Several join methods are available for partitioned database
environments, including: collocated joins, broadcast outer-table joins,
directed outer-table joins, directed inner-table and outer-table joins,
broadcast inner-table joins, and directed inner-table joins.
In the following diagrams, q1, q2, and q3 refer to table queues.
The referenced tables are divided across two database partitions,
and the arrows indicate the direction in which the table queues are
sent. The coordinator database partition is database partition 0.
If the join method chosen by the compiler
is hash join, the filters created at each remote database partition
may be used to eliminate tuples before they are sent to the database
partition where the hash join is processed, thus improving performance.
Collocated joins
A collocated join occurs
locally on the database partition on which the data resides. The database
partition sends the data to the other database partitions after the
join is complete. For the optimizer to consider a collocated join,
the joined tables must be collocated, and all pairs of the corresponding
distribution keys must participate in the equality join predicates. Figure 1 provides an example.
The LINEITEM and ORDERS tables are both partitioned on the ORDERKEY
column. The join is performed locally at each database partition.
In this example, the join predicate is assumed to be: orders.orderkey
= lineitem.orderkey.
Replicated materialized query
tables (MQTs) enhance the likelihood of collocated joins.
Broadcast outer-table joins
Broadcast outer-table
joins represent a parallel join strategy that can be used if there
are no equality join predicates between the joined tables. It can
also be used in other situations in which it proves to be the most
cost-effective join method. For example, a broadcast outer-table join
might occur when there is one very large table and one very small
table, neither of which is split on the join predicate columns. Instead
of splitting both tables, it might be cheaper to broadcast the smaller
table to the larger table. Figure 2 provides
an example.
The ORDERS table is sent to all database partitions that have
the LINEITEM table. Table queue q2 is broadcast to all database partitions
of the inner table.
Directed outer-table joins
In the directed
outer-table join strategy, each row of the outer table is sent to
one portion of the inner table, based on the splitting attributes
of the inner table. The join occurs on this database partition. Figure 3 provides an example.
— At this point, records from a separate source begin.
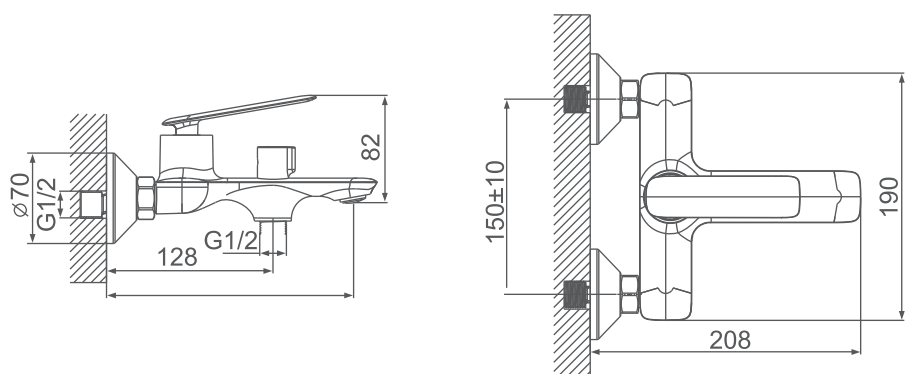

Color

Chrome
Ba3-6001CR

Matt Gray
Ba3-6001MG

Brushed Nickel
Ba3-6001BN

Blueprint

SHOWER FAUCET Ba3-6005

About

Harmony of circular pipes and diamond cut irregularities. The industrial feel further maximizes the uniqueness of this faucet.
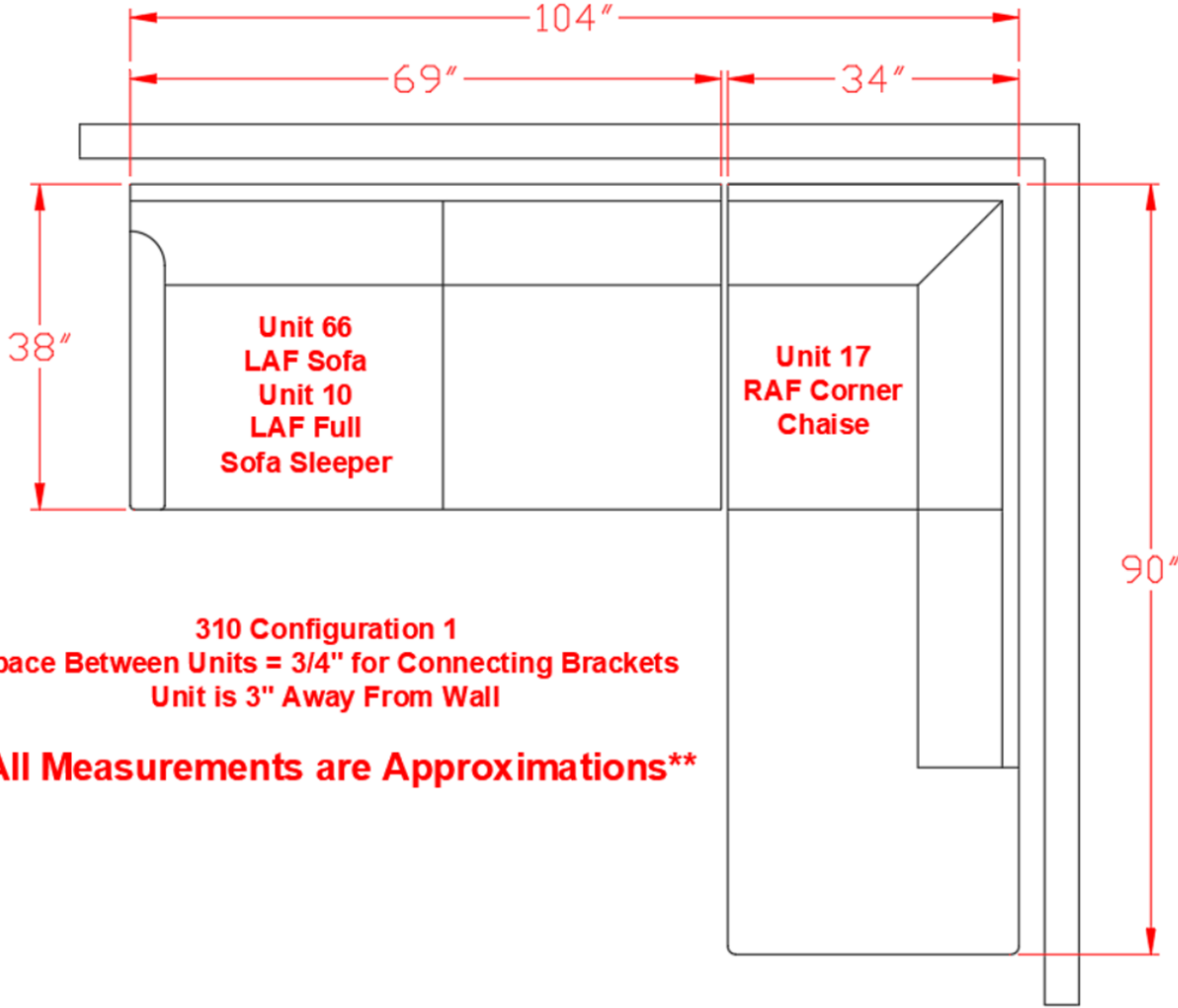

3100567

Call Out	Description
●	Blown Fiber
●	Cushion Chaise Pad - top Pad
●	Cushion Foam
●	KD Component
●	Cover

Signature
DESIGN
BY **ASHLEY**®

Signature
DESIGN
BY **ASHLEY**®

**310 SECTIONAL
DIMENSIONS
2 PIECE
CONFIGURATION**

310 Configuration 1
Space Between Units = 3/4" for Connecting Brackets
Unit is 3" Away From Wall

****All Measurements are Approximations****

**310 SECTIONAL
DIMENSIONS
2 PIECE
CONFIGURATION**
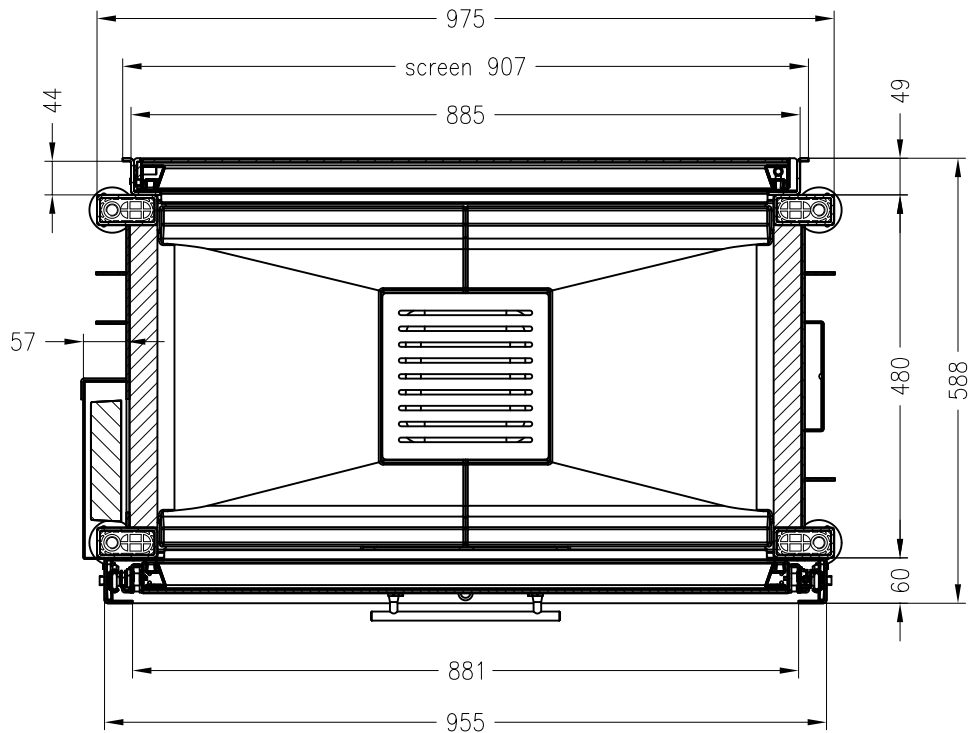

Fireplace insert Varia A-FDh-4S

elevating door

Linear 4S

as at: 07/2012

front view
M~1:20

side view
M~1:20

horizontal section
M~1:10

All representations and drawings are protected by applicable copyright laws.
Utilisation or publication, including individual details, only with our written approval.
Technical data subject to change. Errors and omissions excepted.

Fireplace insert Varia A-FDh-3S

elevating door

Linear 3S

as at: 07/2012

front view
M~1:20

side view
M~1:20

horizontal section
M~1:10

All representations and drawings are protected by applicable copyright laws.
Utilisation or publication, including individual details, only with our written approval.
Technical data subject to change. Errors and omissions excepted.

Directed inner-table and outer-table joins
In
the directed inner-table and outer-table join strategy, rows of both
the outer and inner tables are directed to a set of database partitions,
based on the values of the joining columns. The join occurs on these
database partitions. Figure 4 provides
an example.
Neither table is partitioned on the ORDERKEY column. Both tables
are hashed and sent to new database partitions, where they are joined.
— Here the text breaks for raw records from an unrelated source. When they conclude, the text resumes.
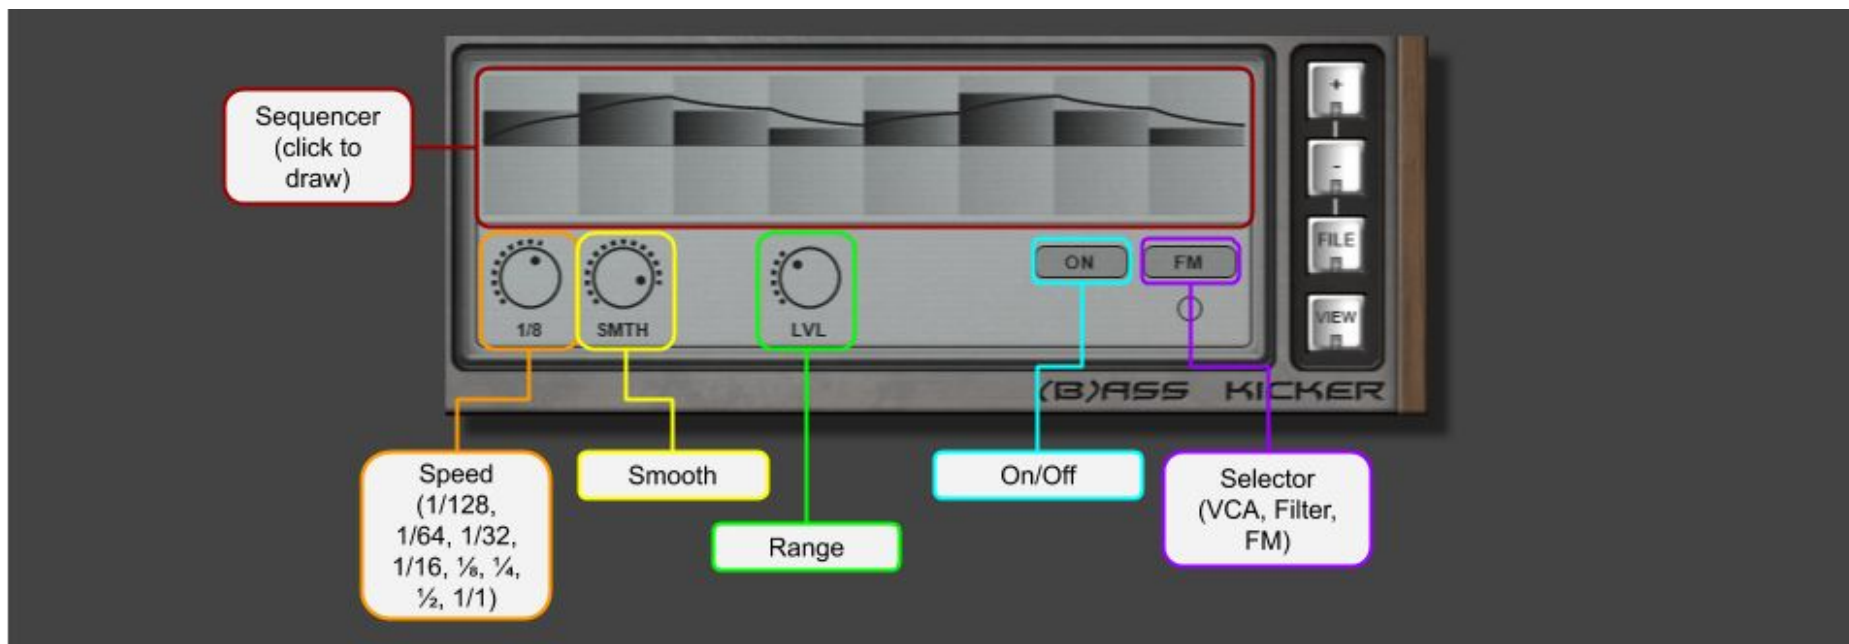

Blechturmstudios Bass Kicker V1

16 Voices Bass & Lead Synthesizer

Version 1.0

- Mono or Poly (16 Voices)
 - Oscillator 1: Sine, Saw, Square, Triangle, Noise
 - 8 different characteristics for each wave
 - Sub Oscillator: Sine, Saw, Square, Triangle, Noise
 - 12db / 24db / mixable Multiband Filter: Low Pass, High Pass, Band Pass, Band Reject, Peak, Moog Type
 - Filter Feedback
 - 3 LFOs (LFO 1 is dedicated to the filter)
 - 3 Step Sequencer (for VCA, Filter Modulation, FM Modulation)
 - Portamento
 - Compressor
 - Overdrive
 - Delay
 - Tempo in bpm (manual or synced to Host)
 - 128 Presets
-

OSC

Filter

Modulation/LFOs

Preset Manager

Step Sequencer

VCA (Trance Gate)

Filter Modulation

FM Modulation

Both table queue q2 and q3 are directed. In this example, the join
predicate is assumed to be: orders.orderkey = lineitem.orderkey.
Broadcast inner-table joins
In the broadcast
inner-table join strategy, the inner table is broadcast to all the
database partitions of the outer table. Figure 5 provides an example.
Directed inner-table joins
In the directed
inner-table join strategy, each row of the inner table is sent to
one database partition of the outer table, based on the splitting
attributes of the outer table. The join occurs on this database partition. Figure 6 provides an example.